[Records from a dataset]
++++++++

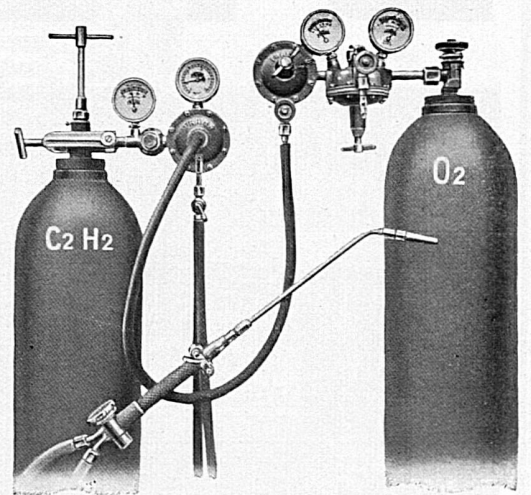

das gute Licht
AARAU

durch Lampe
AARAU
innenmattiert

GLÜHLAMPENWERKE AARAU A.G.

Leica
Das kleine Photo-Wunder

OPTIKER
KOCH
BAHNHOFSTR. 11 ZÜRICH

Die Marke **W&S**
bürgt für
echtes
Emmentalerleinen

Unser wertbeständiges
Emmentalerleinen wird
Ihnen von den einschlägigen
Geschäften gerne vorgelegt.
Achten Sie beim Einkauf
bitte auf unsere Marke.

LEINENWEBEREIEN
Worb & Scheitlin A.-G.
Burgdorf
Gegründet 1684

Alle modernen Apparate für die
autogene Metallbearbeitung

Sauerstoff- & Wasserstoff-Werke A.G.
Luzern

Werke in: Luzern, Gröze/Winterthur, Bischofszell
Rothkreuz, Vevey und Genf
DEPOTS IN ALLEN LANDESTEILEN

++++++++

> [Task prompt] Each record should be printed exactly as it appears, leaving the pictures out.

> [Answer for the task]
das gute Licht
AARAU

durch Lampe
AARAU
innenmattiert

GLÜHLAMPENWERKE AARAU A.G.

Leica
Das kleine Photo-Wunder

OPTIKER
KOCH
BAHNHOFSTR. 11 ZÜRICH

Die Marke **W&S**
bürgt für
echtes
Emmentalerleinen

Unser wertbeständiges
Emmentalerleinen wird
Ihnen von den einschlägigen
Geschäften gerne vorgelegt.
Achten Sie beim Einkauf
bitte auf unsere Marke.

LEINENWEBEREIEN
Worb & Scheitlin A.-G.
Burgdorf
Gegründet 1684

Alle modernen Apparate für die
autogene Metallbearbeitung

Sauerstoff- & Wasserstoff-Werke A.G.
Luzern

Werke in: Luzern, Gröze/Winterthur, Bischofszell
Rothkreuz, Vevey und Genf
DEPOTS IN ALLEN LANDESTEILEN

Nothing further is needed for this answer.